January 09, 2019

What kind of a tool do you use when you want to describe a complex phenomenon?

Linear regression is useful when your model is described by coefficients multiplying things that are added together, but it often cannot be used when coefficients are inside functions such as an exponential or log function. An example of a *valid* linear model could be $$Y = \beta_0 + \beta_1 \times X_1 + \beta_2 \times \log(X_2) + \epsilon$$
where \(\beta_i\) are the different coefficients, \(Y\) is the response variable, \(X_i\) are the different predictors, and \(\epsilon\) is the normal error/noise (i.e., randomness) of each response.

On the other hand, models such as random forests or neural networks are good at fitting highly complex shapes, but the underlying structure cannot be interpreted very easily.

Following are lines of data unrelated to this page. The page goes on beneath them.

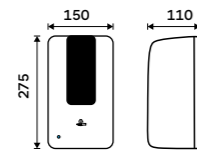

Bezdotykový zásobník dezinfekčního gelu nebo mýdla
Objem 1200 ml. Plast ABS. Bílý.

1889 / 78,10 HPU 31S-M-O
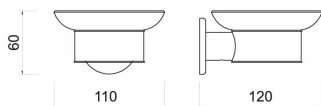

černá

OBRÁZEK

PIKTOGRAM

VLASTNOSTI PRODUKTU

- Výška [mm]: 60
- Materiál těla/materiál provedení: kov
- Montáž: Nástěnný
- Délka [mm]: 120
- Šířka [mm]: 110
- Hloubka krabice [mm]: 90
- Šířka krabice [mm]: 125
- Výška krabice [mm]: 160
- Provedení: černá

TECHNICKÝ VÝKRES

SPECIFIKACE

- Výška [mm]: 60
- EAN: 8590309140757
- Intrastat: 70139900
- Hmotnost brutto [kg]: 0.4
- Hloubka [mm]: 120
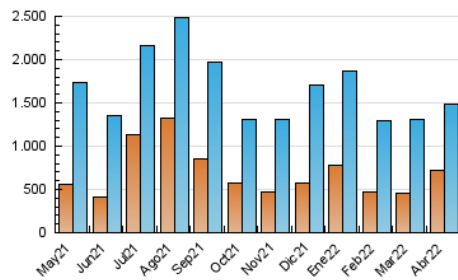

4.3 Por meses

N. únicos / Visitas (x 1000)
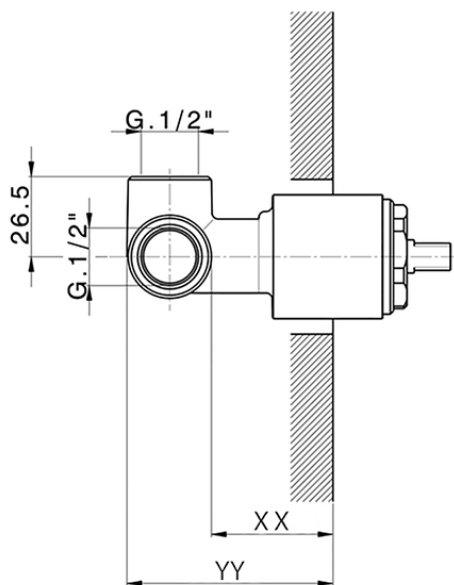

## Parte externa monomando ducha empotrada ROADSTER ACCENT\_RA003000

RA003000

<https://es.cisal.it/parte-externa-monomando-ducha-empotrada-roadster-accent-ra003000>

Piastra/Plate/Plaque/Platte/Placa

2-3mm: XX 27-47 YY 54-74

10mm: XX 16-40 YY 43-68

ZA005300

<https://es.cisal.it/parte-empotrada-monomando-ducha-empotrado-za005300>

2024-11-21
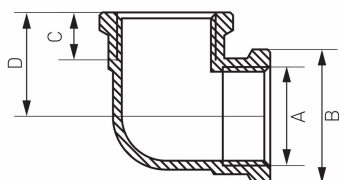

KÓD

K04Z

NÁZEV PRODUKTU

Koleno MM 3/4"

OBRÁZEK

PIKTOGRAM

VLASTNOSTI PRODUKTU

- Typ připojení: ŠM
- Materiál těla/materiál provedení: Mosaz
- Provedení: 3/4"

TECHNICKÝ VÝKRES

SPECIFIKACE

- Rozměr A: G3/4
- Rozměr B: 34
- Rozměr C: 13.5
- Připojení: G3/4
- EAN: 5902194929363
- Intrastat: 74122000
- Hmotnost brutto [kg]: 0.09
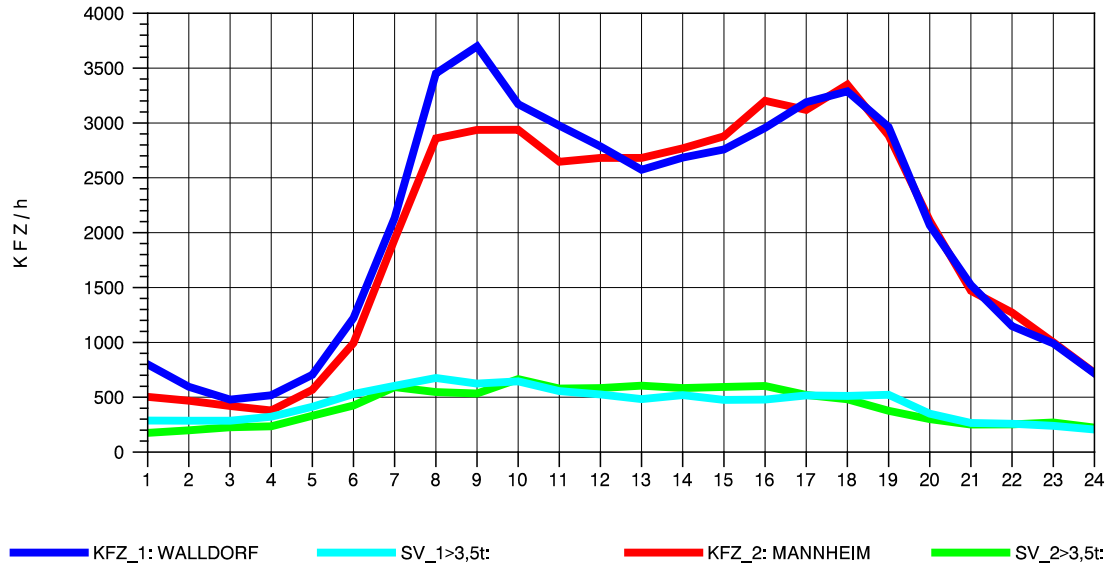

STRASSENVERKEHRSZÄHLUNGEN IN BADEN-WÜRTTEMBERG
HOCKENHEIM 66171025 A 6
Dienstag, 05. August 2014
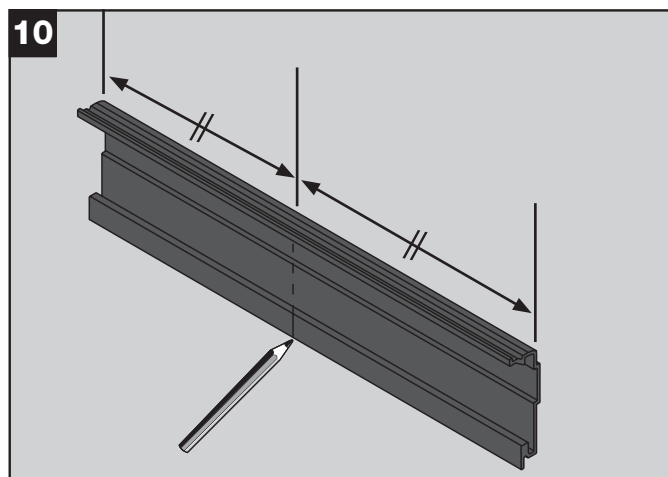

BLANCO

BLANCO SELECT AutoMove

BLANCO

BLANCO GmbH + Co KG
 Service
 Tel.: +49 7045 44-81 419
 info@blanco-germany.com
 www.blanco-germany.com
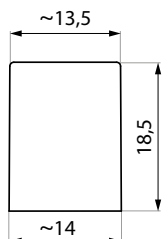

Kod / Code	Wykończenie / Finish	Materiał / Material
FIXSG10-EC PSS	połysk polished	stal nierdzewna stainless steel
FIXSG10-EC SSS	satyna satin	stal nierdzewna stainless steel
FIXSG10-EC ABS BL	czarna black	ABS ABS
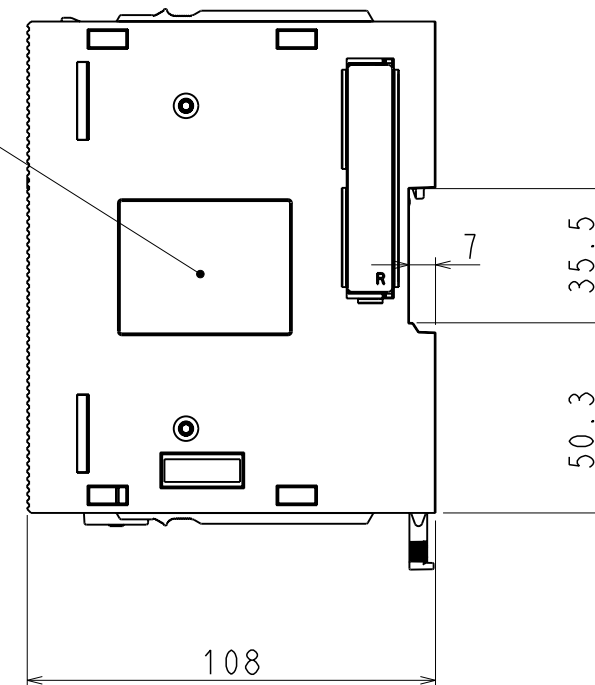

DWG. NO. 900-093-612-1/2

ネームプレート

概算質量: 0.4Kg

REFERENCE ONLY

TITLE

外形図

JEPMC-BUB3005-E

DWG. NO.

900-093-612

REV.

1/2

1

SIZE A3

DWG. NO. 900-093-612-2/2

NAMEPLATE

APPROX. MASS: 0.4Kg  
DIMENSION IN mm

REFERENCE ONLY

TITLE  
OUTLINE DRAWING  
JEPMC-BUB3005-E

DWG. NO.  
**900-093-612**

REV.  
①

SIZE A3
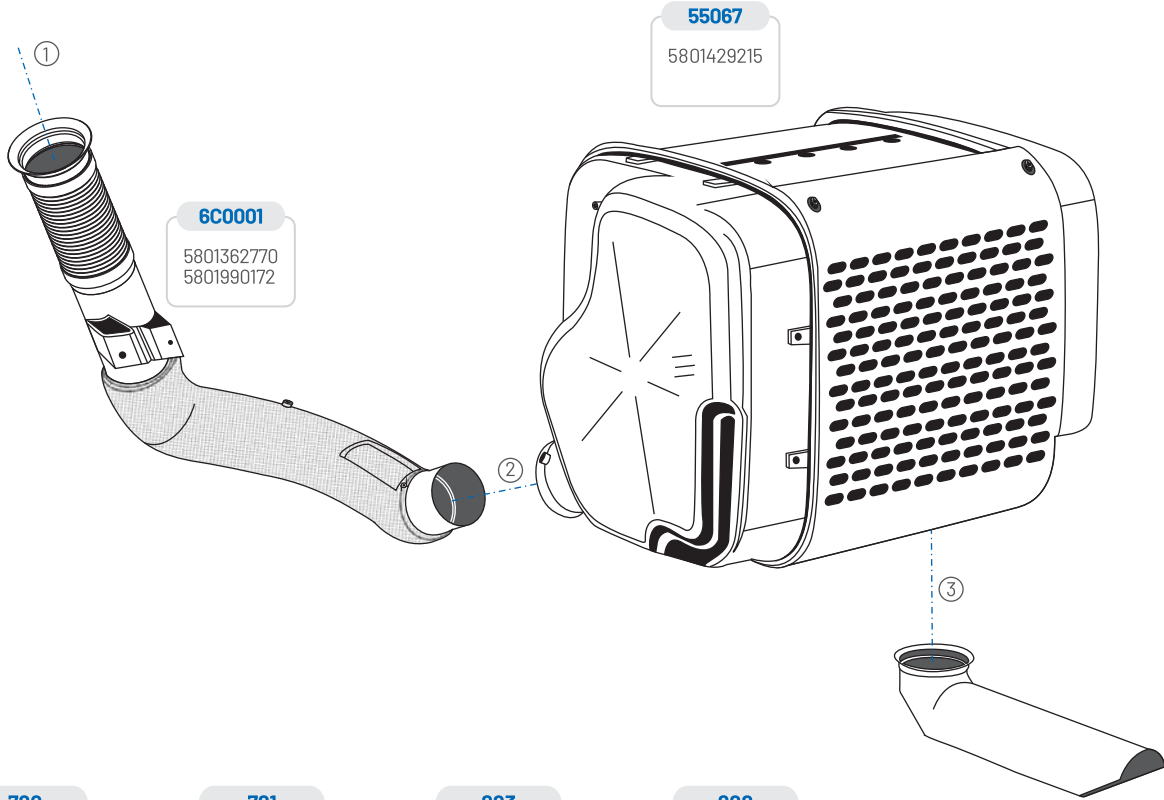

Type: Horizontal

Cursor 11 / 11.1 ltr. / 6 cyl.

308KW / 420HP | 353KW / 480HP
338KW / 460HP

Cursor 13 / 12.9 ltr. / 6 cyl.

375KW / 510HP
419KW / 570HP

4x2 - 6x2

Euro VI

55067
5801429215

6C0001
5801362770
5801990172

7LH999
5801395668

SENSORS

720
Temperature Sensors

5801455940, 504102603

721
Temperature Sensors

5801455941

823
Nox Sensors

5801777219
5801627702, 5801429373

822
Nox Sensors

5801754014, 5801627703

D.P.F. KIT

55071
55071R / Reman

500059672
5801651187, 5802039929

7LM982

7LM983

7LM984

Kit No: **7LK999**, 5801651134

ACCESSORIES

71594
①

41201881

7LM998
②

41288279

7LM997
③

5801491218

SUBSTRATES

1BB971
DOC

1BB919
SCR with ASC
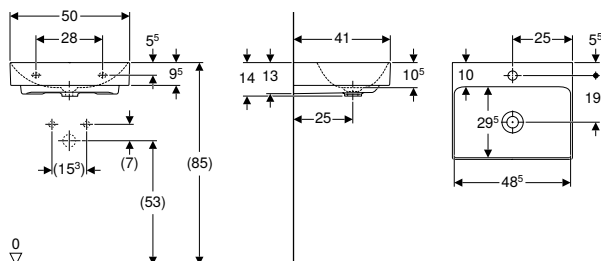

Lavamanos Geberit ONE

click & scan

Información técnica

Material	Arcilla refractaria

Propiedades

- Empotrable
- Desagüe vertical

Volumen de suministro

- Lavamanos

N.º de art.	Color / superficie	Toma de grifo	Rebosadero	B [cm]	H [cm]	T [cm]	Puntos de sujeción	UMV1 [ud.]	EUR/ud.
505.020.01.6	blanco / KeraTect	Centro	Sin	50	14	41	2	1	282,05
505.021.01.6	blanco / KeraTect	Sin	Sin	50	14	41	2	1	282,05

Pedido adicional

- Conexión de lavabo y sifón antiolores en modelo ahorra espacio

Accesorios complementarios

- Material de fijación Geberit para lavabos → pág. 228
- Desagüe para lavabos, modelo ahorra espacio, modelo estrecho, con accionamiento de palanca y caperuza de válvula, desagüe horizontal, para lavabo Geberit ONE con desagüe vertical → pág. 615

- Para la instalación del lavabo con mueble bajo, es necesaria una conexión de lavabo Geberit, modelo compacto. Véase la vista general del material – Conexiones de lavabo Geberit ONE modelo compacto o el catálogo en línea, accesorios de lavabo

Random forests are an ensemble of decision trees that ask a bunch of yes/no questions about the different variables, and neural networks can sometimes be described as a very complicated flowchart that involves adding up points. See this article of mine for a very basic introduction to neural networks.

Another method, nonlinear regression, can be very useful for fitting a model. Very generally, this is $$Y = f(X_1, X_2,...,X_N,\beta_1, \beta_2, ..., \beta_K)$$

This can be very useful if you know what the parameters of the equation should be, as well as a (wide) ballpark idea of what their values should be. Fitting it, however, is much more complicated than fitting a linear model or random forest, as well as many neural networks.

Over the past 16 months, I have been collecting heart rate data from my Garmin GPS watch for my runs, along with temperature data. One question I want to answer with that data is "How quickly does my heart rate decrease after I stop running, and how does temperature affect that?"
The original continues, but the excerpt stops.